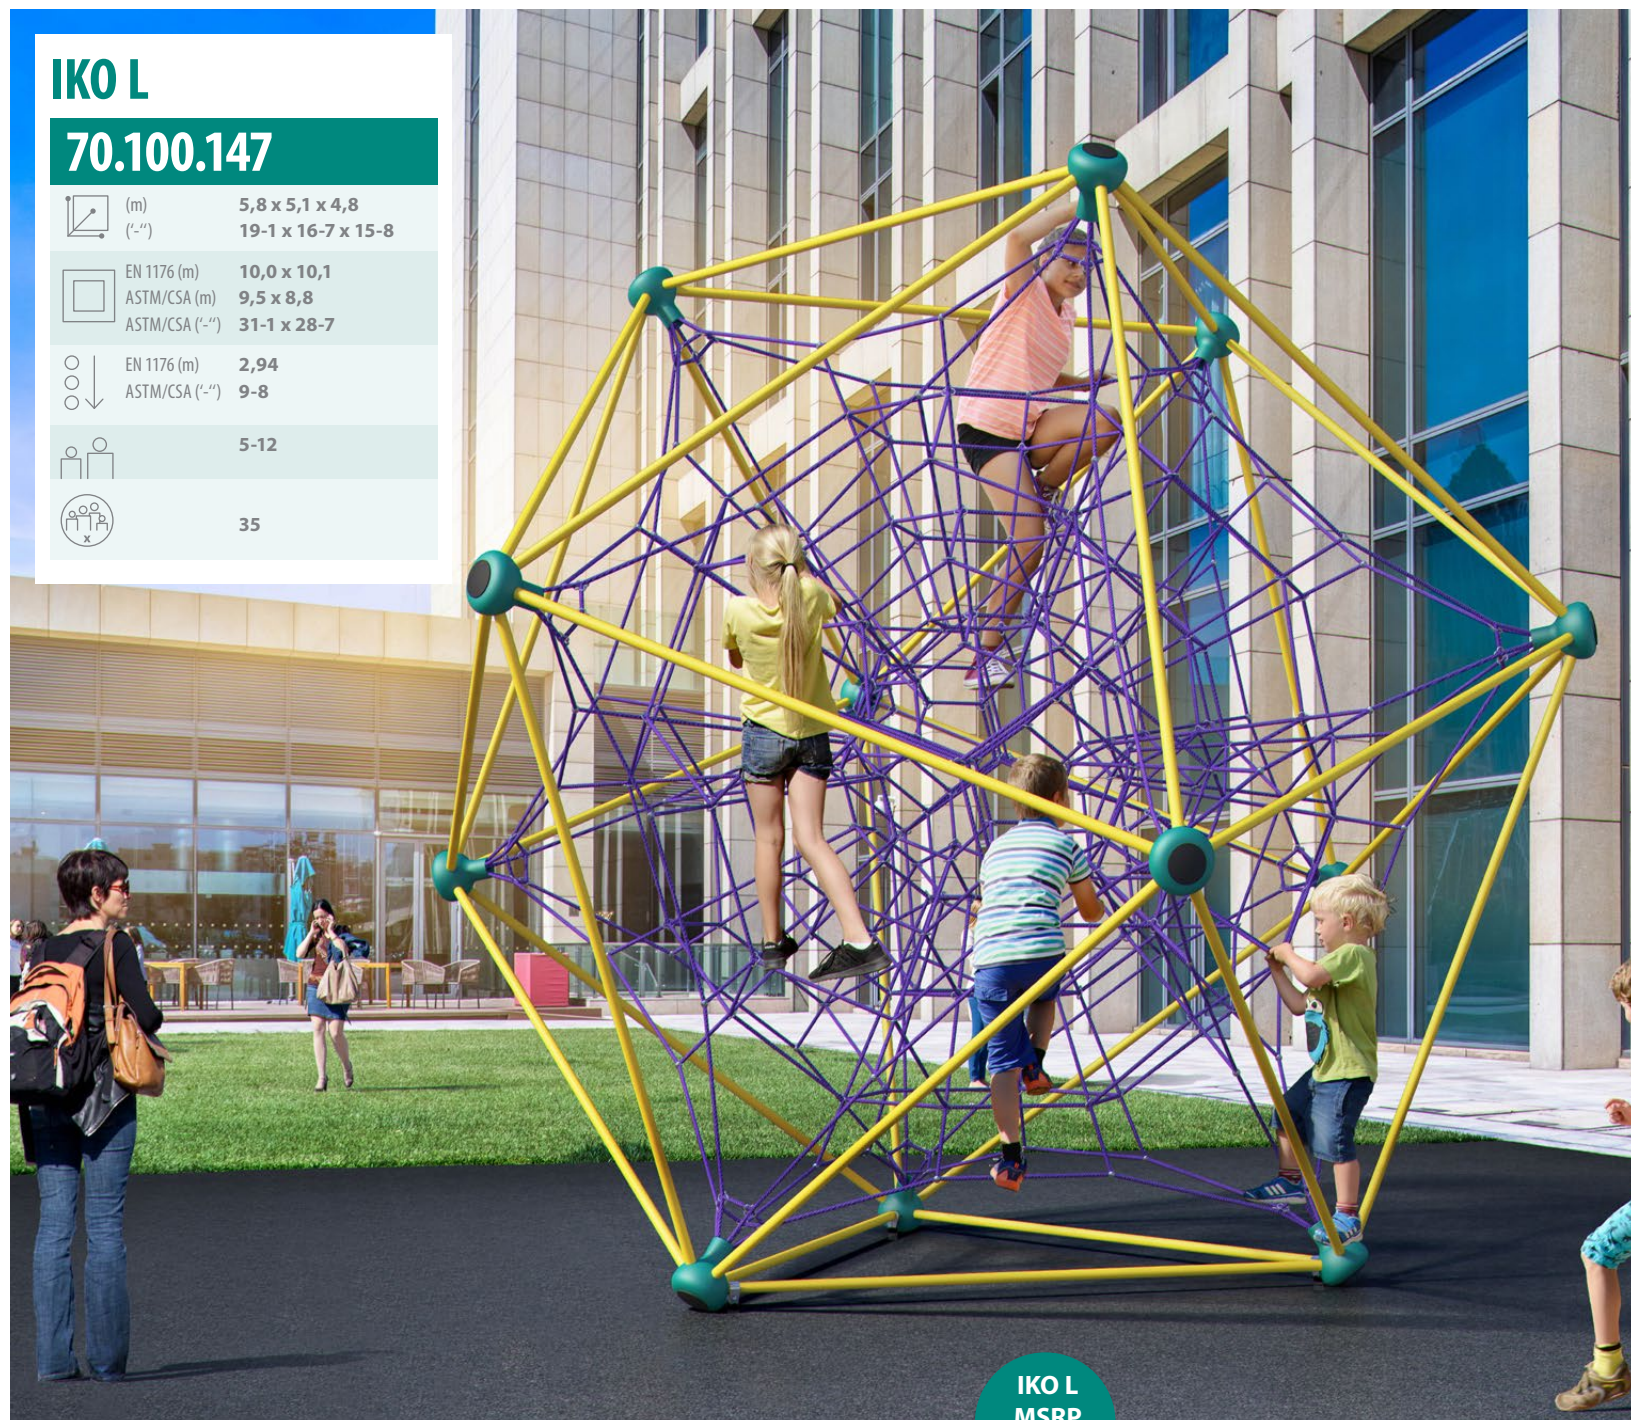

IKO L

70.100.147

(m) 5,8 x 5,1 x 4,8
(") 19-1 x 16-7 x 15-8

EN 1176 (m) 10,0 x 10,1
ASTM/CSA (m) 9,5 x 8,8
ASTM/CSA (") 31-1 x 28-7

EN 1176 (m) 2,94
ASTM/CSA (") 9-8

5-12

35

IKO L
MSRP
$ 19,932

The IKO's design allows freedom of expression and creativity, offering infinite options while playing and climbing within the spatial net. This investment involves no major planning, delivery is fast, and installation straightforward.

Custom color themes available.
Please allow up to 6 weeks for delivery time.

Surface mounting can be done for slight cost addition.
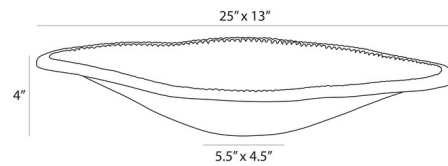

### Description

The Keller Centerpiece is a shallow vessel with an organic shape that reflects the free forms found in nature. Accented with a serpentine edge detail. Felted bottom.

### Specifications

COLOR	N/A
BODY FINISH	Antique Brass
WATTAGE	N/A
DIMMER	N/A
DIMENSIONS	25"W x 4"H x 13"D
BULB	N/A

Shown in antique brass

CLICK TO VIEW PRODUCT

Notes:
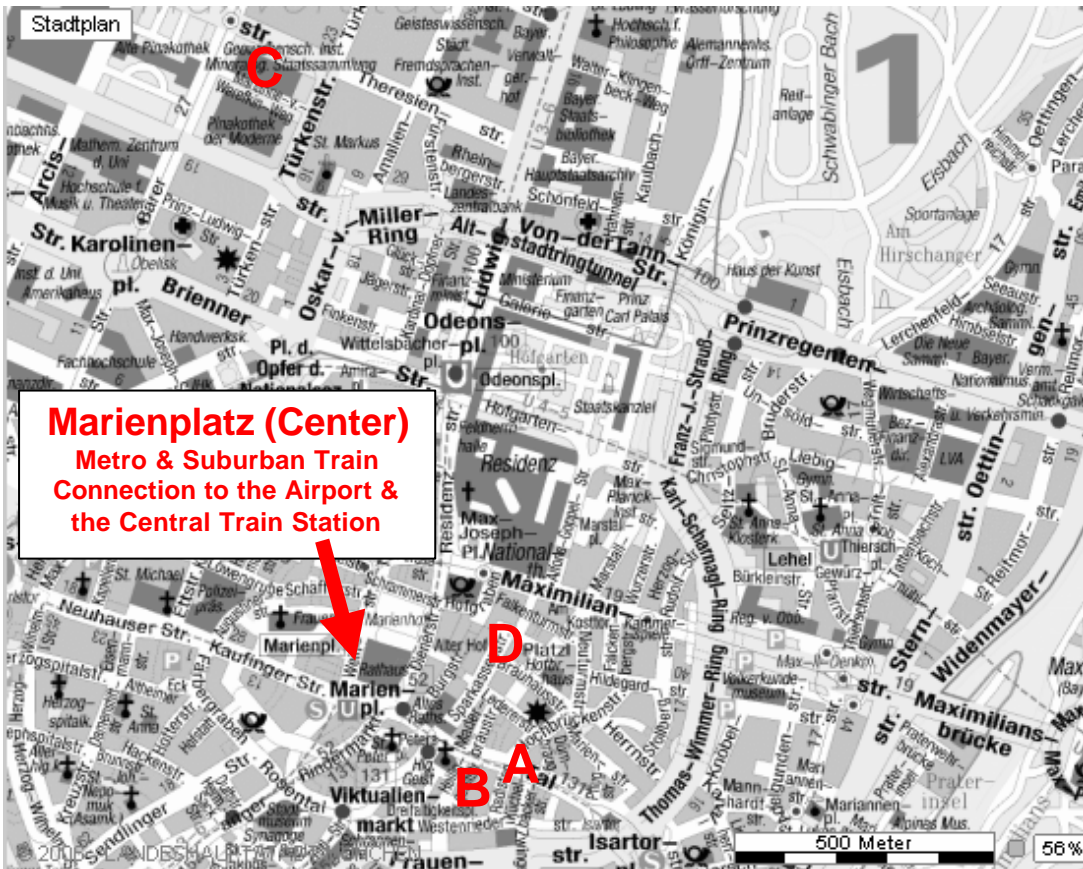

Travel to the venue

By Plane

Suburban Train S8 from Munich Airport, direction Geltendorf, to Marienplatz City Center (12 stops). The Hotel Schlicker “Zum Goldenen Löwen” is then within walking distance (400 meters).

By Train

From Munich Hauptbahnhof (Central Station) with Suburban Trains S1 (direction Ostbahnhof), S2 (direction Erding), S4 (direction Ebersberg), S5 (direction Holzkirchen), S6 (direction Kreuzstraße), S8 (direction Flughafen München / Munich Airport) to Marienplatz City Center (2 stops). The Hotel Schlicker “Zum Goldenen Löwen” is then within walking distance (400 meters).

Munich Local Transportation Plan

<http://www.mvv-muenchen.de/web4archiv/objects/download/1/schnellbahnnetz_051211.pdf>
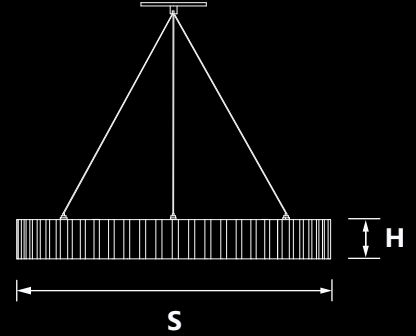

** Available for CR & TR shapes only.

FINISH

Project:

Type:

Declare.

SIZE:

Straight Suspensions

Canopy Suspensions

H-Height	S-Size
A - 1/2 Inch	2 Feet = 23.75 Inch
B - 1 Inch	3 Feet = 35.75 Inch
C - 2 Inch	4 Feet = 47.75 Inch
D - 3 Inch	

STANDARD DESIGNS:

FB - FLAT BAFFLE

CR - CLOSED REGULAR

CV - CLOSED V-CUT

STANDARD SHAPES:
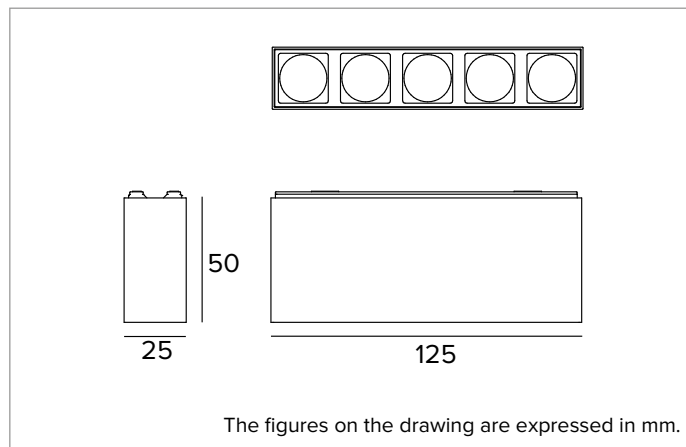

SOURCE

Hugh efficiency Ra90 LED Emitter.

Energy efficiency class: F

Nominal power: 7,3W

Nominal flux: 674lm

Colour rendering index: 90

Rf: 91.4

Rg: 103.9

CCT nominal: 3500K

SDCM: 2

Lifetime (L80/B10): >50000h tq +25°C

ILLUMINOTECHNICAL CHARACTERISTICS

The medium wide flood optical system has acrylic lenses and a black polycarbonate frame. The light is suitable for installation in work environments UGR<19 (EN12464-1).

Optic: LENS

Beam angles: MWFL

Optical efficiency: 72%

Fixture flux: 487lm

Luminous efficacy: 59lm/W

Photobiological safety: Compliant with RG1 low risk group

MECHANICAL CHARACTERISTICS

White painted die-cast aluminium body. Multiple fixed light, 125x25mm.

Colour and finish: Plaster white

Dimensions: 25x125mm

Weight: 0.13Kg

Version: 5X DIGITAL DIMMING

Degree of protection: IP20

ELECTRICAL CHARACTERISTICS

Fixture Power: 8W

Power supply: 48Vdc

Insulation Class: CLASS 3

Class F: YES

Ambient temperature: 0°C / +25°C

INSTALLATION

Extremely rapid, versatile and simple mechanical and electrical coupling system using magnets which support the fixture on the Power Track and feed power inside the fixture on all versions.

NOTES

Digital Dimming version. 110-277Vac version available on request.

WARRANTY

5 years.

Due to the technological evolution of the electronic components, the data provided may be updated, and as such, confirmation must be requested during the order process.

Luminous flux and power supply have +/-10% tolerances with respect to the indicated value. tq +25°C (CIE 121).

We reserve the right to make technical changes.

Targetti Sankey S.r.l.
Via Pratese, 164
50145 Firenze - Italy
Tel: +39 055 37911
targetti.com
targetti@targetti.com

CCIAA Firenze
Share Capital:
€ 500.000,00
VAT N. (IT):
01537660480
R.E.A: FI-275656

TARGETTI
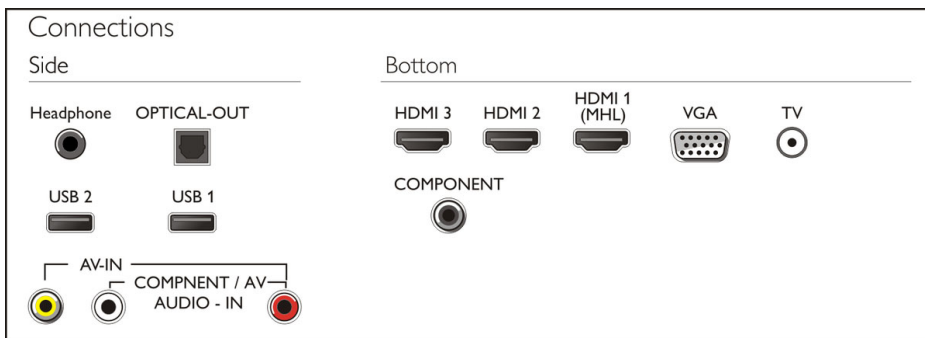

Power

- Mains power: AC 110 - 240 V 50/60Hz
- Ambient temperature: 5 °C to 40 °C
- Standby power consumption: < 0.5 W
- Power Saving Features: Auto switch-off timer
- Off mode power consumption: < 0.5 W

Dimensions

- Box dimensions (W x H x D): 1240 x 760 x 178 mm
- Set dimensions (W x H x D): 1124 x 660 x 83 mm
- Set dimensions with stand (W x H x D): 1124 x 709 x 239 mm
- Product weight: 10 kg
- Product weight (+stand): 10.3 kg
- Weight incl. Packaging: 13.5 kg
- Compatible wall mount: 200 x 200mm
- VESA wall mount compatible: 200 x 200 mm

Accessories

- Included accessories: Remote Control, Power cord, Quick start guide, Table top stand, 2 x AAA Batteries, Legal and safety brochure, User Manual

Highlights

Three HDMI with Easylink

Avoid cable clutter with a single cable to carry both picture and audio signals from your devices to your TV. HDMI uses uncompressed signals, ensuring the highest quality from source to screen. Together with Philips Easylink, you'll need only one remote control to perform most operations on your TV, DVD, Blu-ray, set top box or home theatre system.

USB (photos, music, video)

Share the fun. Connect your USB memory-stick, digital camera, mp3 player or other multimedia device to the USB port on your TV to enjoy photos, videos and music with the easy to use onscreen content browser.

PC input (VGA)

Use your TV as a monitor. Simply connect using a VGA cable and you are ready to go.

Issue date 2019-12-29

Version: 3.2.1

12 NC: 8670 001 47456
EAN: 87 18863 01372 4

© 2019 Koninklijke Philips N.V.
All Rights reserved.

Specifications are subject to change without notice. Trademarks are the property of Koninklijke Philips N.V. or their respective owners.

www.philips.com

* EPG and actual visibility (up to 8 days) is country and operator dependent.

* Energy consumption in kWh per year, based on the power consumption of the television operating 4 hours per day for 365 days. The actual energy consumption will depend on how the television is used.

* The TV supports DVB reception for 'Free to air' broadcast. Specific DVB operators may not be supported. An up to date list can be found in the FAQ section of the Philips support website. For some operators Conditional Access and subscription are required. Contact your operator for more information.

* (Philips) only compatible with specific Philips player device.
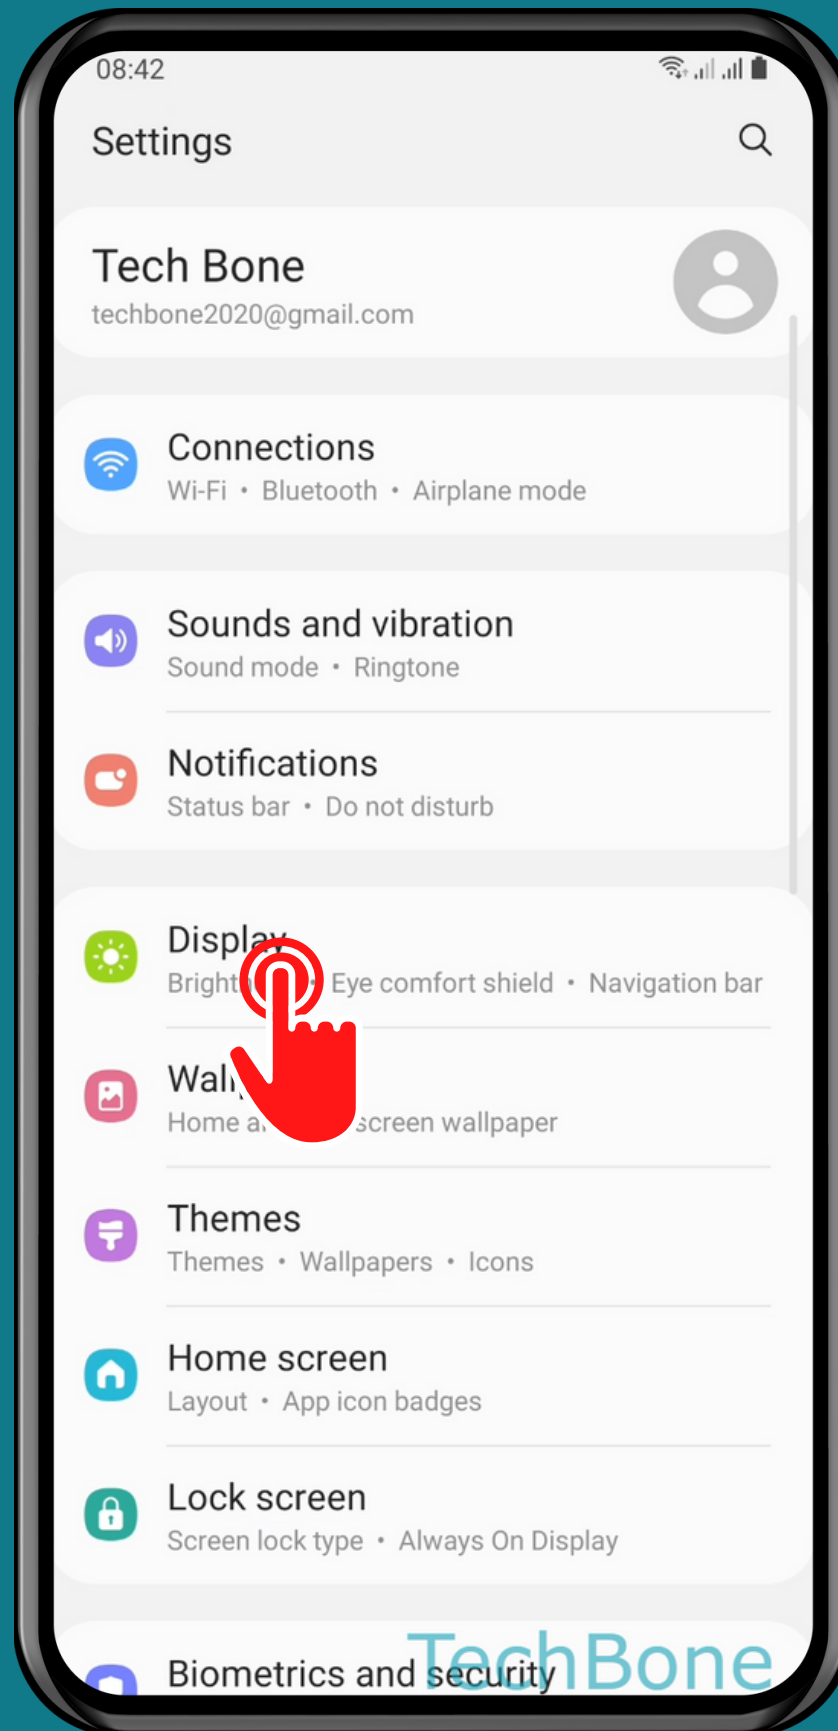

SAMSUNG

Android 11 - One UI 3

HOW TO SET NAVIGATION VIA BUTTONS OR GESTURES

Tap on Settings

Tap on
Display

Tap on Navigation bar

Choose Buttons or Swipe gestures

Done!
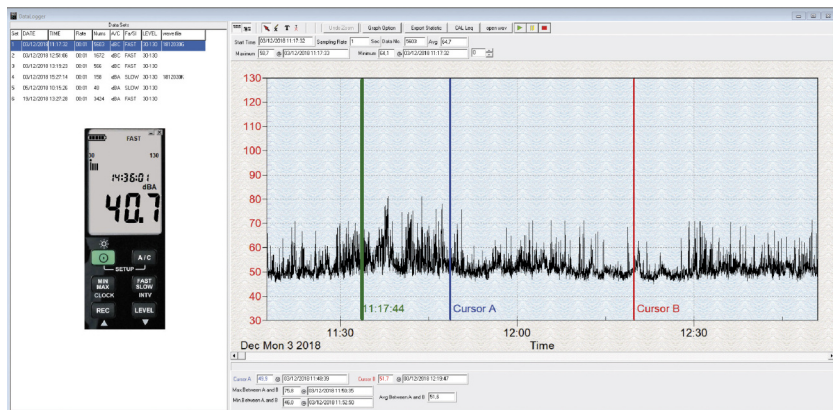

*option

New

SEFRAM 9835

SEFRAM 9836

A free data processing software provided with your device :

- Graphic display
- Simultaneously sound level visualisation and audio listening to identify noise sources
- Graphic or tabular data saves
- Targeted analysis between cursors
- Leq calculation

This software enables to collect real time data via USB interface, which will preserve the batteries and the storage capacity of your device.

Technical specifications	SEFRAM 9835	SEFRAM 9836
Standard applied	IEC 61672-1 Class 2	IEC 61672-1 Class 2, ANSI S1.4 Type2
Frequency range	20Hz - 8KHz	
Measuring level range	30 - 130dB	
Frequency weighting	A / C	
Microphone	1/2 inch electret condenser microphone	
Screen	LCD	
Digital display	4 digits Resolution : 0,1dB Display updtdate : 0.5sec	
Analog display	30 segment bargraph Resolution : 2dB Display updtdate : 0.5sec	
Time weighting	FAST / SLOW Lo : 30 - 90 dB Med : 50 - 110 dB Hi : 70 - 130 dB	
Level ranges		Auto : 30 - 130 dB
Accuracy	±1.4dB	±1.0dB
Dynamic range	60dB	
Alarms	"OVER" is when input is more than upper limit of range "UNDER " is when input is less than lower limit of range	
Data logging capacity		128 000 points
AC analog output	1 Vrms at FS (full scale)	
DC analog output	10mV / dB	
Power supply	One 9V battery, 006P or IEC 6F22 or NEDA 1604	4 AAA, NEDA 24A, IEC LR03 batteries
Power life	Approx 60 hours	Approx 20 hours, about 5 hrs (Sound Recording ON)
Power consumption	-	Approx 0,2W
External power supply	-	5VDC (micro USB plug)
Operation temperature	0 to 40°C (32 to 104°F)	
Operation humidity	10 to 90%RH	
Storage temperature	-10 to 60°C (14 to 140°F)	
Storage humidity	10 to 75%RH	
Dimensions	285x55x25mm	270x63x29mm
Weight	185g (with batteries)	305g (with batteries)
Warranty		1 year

▶ What to do
Look through the entries above, find each line containing "input", and copy it.

▶ Output below
PC input (VGA)
Alarms	"OVER" is when input is more than upper limit of range "UNDER " is when input is less than lower limit of range	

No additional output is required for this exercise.